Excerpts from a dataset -
>>>>

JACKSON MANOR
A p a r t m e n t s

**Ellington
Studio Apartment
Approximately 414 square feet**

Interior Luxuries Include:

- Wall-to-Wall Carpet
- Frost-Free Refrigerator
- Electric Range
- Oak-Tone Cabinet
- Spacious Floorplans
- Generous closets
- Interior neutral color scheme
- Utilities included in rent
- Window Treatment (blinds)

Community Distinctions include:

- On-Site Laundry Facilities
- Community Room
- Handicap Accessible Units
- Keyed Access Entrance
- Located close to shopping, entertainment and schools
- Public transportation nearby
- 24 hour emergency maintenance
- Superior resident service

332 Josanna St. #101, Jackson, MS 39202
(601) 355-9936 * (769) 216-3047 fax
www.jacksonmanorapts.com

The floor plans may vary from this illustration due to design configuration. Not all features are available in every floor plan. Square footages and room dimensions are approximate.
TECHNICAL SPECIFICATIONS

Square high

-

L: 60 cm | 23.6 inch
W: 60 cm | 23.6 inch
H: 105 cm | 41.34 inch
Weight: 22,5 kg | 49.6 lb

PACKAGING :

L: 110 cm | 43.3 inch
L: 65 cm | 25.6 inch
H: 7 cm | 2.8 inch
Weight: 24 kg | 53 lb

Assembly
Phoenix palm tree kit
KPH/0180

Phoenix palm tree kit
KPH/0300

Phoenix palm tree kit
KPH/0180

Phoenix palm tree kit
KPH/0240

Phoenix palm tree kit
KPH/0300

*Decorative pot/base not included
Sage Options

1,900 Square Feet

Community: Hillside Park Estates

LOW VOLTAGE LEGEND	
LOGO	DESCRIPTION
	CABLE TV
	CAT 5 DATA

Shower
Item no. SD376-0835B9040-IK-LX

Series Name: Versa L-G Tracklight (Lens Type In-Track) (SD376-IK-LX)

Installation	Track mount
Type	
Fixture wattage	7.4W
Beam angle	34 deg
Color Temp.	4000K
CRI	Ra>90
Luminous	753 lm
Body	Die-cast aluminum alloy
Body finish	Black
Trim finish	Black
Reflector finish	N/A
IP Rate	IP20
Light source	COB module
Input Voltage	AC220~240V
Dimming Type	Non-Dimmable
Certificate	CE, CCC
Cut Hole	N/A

<<<<

AIM OF THE EXERCISE - Produce an exact copy of the lines from the one containing "- Handicap Accessible Units" through the final line of the data, both ends included, and only those.

REPLY -
- Handicap Accessible Units
- Keyed Access Entrance
- Located close to shopping, entertainment and schools
- Public transportation nearby
- 24 hour emergency maintenance
- Superior resident service

332 Josanna St. #101, Jackson, MS 39202
(601) 355-9936 * (769) 216-3047 fax
www.jacksonmanorapts.com

The floor plans may vary from this illustration due to design configuration. Not all features are available in every floor plan. Square footages and room dimensions are approximate.
TECHNICAL SPECIFICATIONS

Square high

-

L: 60 cm | 23.6 inch
W: 60 cm | 23.6 inch
H: 105 cm | 41.34 inch
Weight: 22,5 kg | 49.6 lb

PACKAGING :

L: 110 cm | 43.3 inch
L: 65 cm | 25.6 inch
H: 7 cm | 2.8 inch
Weight: 24 kg | 53 lb

Assembly
Phoenix palm tree kit
KPH/0180

Phoenix palm tree kit
KPH/0300

Phoenix palm tree kit
KPH/0180

Phoenix palm tree kit
KPH/0240

Phoenix palm tree kit
KPH/0300

*Decorative pot/base not included
Sage Options

1,900 Square Feet

Community: Hillside Park Estates

LOW VOLTAGE LEGEND	
LOGO	DESCRIPTION
	CABLE TV
	CAT 5 DATA

Shower
Item no. SD376-0835B9040-IK-LX

Series Name: Versa L-G Tracklight (Lens Type In-Track) (SD376-IK-LX)

Installation	Track mount
Type	
Fixture wattage	7.4W
Beam angle	34 deg
Color Temp.	4000K
CRI	Ra>90
Luminous	753 lm
Body	Die-cast aluminum alloy
Body finish	Black
Trim finish	Black
Reflector finish	N/A
IP Rate	IP20
Light source	COB module
Input Voltage	AC220~240V
Dimming Type	Non-Dimmable
Certificate	CE, CCC
Cut Hole	N/A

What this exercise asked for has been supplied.